Девушка облегченно вздохнула:

— Ох, напугал! Ты держись. Не уходи, милый. Не надо.

Я возвратился совсем, и мне уже не надо было делать усилий, чтобы держаться на плаву жизни. Боль, что пронзила тело с новой силой, окончательно привела меня в себя. Я не сдержался и застонал.

— Потерпи, милый, потерпи. — Медсестра легонько гладила мою руку. — Все уже позади. Теперь будешь жить. Главное — вернулся.

Сдирали с вас когда-нибудь кожу? Горели вы в огне? Поднимали вас на дыбу?

Подобное бывает при кессонке, когда кипит кровь и азотные пузырьки, не успевшие выйти из нее при перепаде давления, рвут кровеносные сосуды и кажется, что ты слышишь, как кожа отдирается от мяса. Ты горишь в огне, стеклянно-острая боль режет внутренности, умирает плоть, и тянется хрип из чужого тебе горла, и ты не сразу краем сознания понимаешь, что кричишь ты сам, что все это происходит с тобой, и ты молишь о смерти, как об избавлении от невыносимых страданий. В этой боли вce: и удушье повешенного, и муки сжигаемого на костре, и острота гильотины, и вытягивание жил из тела у поднятого на дыбу. Дикая боль огненными, выбивающими из сознания волнами катит через тебя — и тогда ты рад смерти. Не дай бог вам испытать это!
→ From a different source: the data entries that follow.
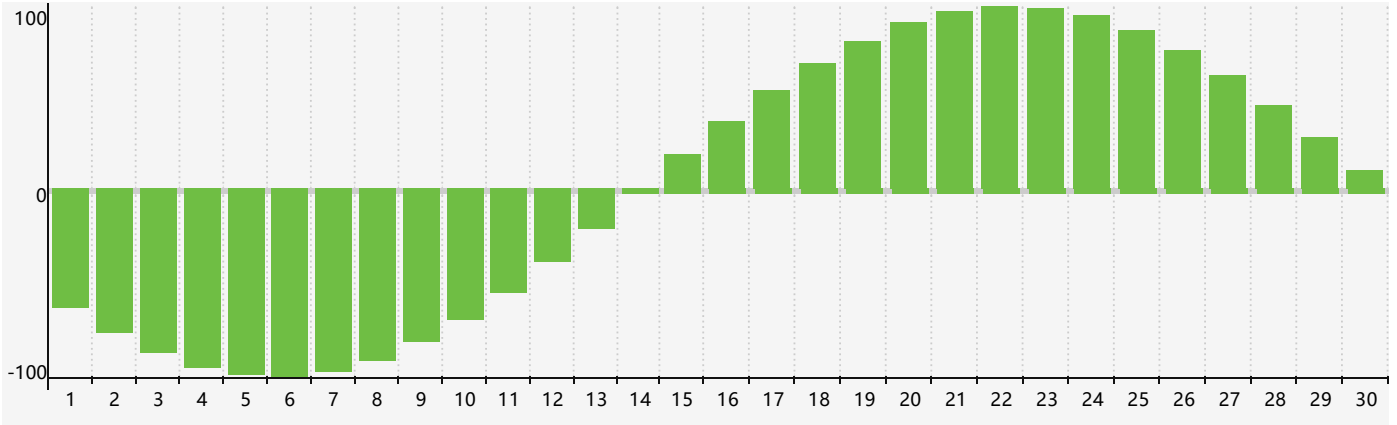

November 2021 Intellectual Biorhythm Charts

November 2021 Emotional Biorhythm Charts

November 2021 Physical Biorhythm Charts

November 2021

SUN	MON	TUE	WED	THU	FRI	SAT
31	1	2	3	4	5	6
7	8 Emotional	9	10	11	12	13
14	15 Physical	16	17	18	19	20
21	22	23	24	25	26	27
28	29	30	1 Intellectual	2	3	4

Страшно смотреть на свое тело после кессонки: кровоподтеки, синева и оранжевые разводы на мертвенно-восковой коже. Парализованное чужое тело. И ты не узнаешь его.

У вас никогда не было такого тела? Значит, судьба милостива к вам.

Как я хотел тогда быть раненным в голову, в грудь, куда угодно, лишь бы не кессонка — грязная, вонючая беда. Никакого благородства у этой болезни.

Я много раз умирал в мыслях, но умирал красиво: бросался на амбразуру, или с поднятым флагом уходил под воду на торпедированном корабле, или в рукопашной схватке, уничтожив несметное количество врагов. А умирать пришлось в зловонии и грязи.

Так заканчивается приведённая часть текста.